The same mechanism makes list_recent_generations cheap. Calling it returns metadata and resource URIs, not pixel data. The model can browse a workspace's history, pick the right asset by prompt or timestamp, and only pull bytes when it has decided to act on one. A REST equivalent forces the client to either over-fetch or reimplement that two-stage pattern by hand.

When MCP is overkill

MCP exists because models call tools differently than humans do. If no model is in the loop, you do not need it. Picking MCP for a non-agentic workload buys you a stateful session, an OAuth dance, and a transport abstraction in exchange for nothing.

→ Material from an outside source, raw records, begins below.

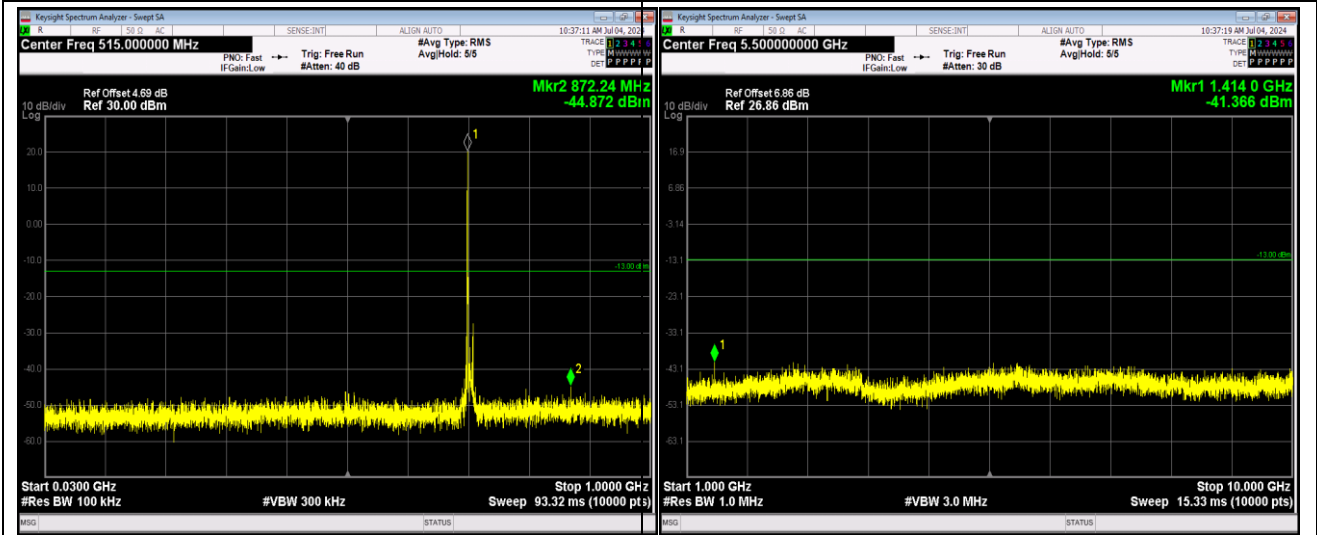

Band12-10MHz-QPSK-23095-1RB#0-Range1:30~1000MHz

Band12-10MHz-QPSK-23095-1RB#0-Range2:1000~10000MHz

Band12-10MHz-16QAM-23130-1RB#0-Range1:30
~1000MHz

Band12-10MHz-16QAM-23130-1RB#0-Range2:1000~
10000MHz

Band12-10MHz-64QAM-23060-1RB#0-Range1:30
~1000MHz

CI jobs. A GitHub Action that renders preview thumbnails on every PR has a known input, a known output, and no agent. POST and poll. Done.
Batch backends. Generating 50,000 product images from a CSV is a queue worker problem. REST scales horizontally with idempotency keys. MCP adds a stateful session you do not need.
Webhooks and triggers. When a row lands in your database and you generate an asset for it, the caller is your application code. Use REST.
Anything with a fixed prompt template. If the prompt is built deterministically from data, the schema discovery and tool selection that MCP buys you are wasted. A typed REST client is simpler to reason about and easier to monitor.

Mixed-mode is the real answer

Most teams running AgentFramer in production use both. Backend services hit REST for cron, batch, and webhook work. Designers and engineers in Claude Code, Cursor, or Claude Desktop hit MCP for ad hoc generation, iteration, and review. They share the same workspace, the same credit pool, and the same storage bucket; only the wire format differs.

Concretely: your nightly job that re-renders product hero images runs over REST with a service-account key scoped to one workspace. Your marketing team's editor uses MCP with OAuth, picks up the same credits, and can hand finished assets back to the same storage URLs the cron job reads from. No duplication.

The transport you pick on the MCP side depends on where the host runs. Local hosts like Claude Desktop and Cursor speak stdio to a process they spawn. Remote hosts and web UIs use SSE or streamable HTTP against the hosted server. AgentFramer ships all three; the tool surface is the same on each. The full catalog of models you can call through either protocol lives on the models page.

How to pick, in one paragraph

If the caller is a model running inside a host the user trusts, use MCP. If the caller is your own code running on your own infrastructure, use REST. If both, run both: AgentFramer is built for that. Start with the quick start, wire whichever surface fits the call site, and keep the other one in your back pocket for when the requirement flips.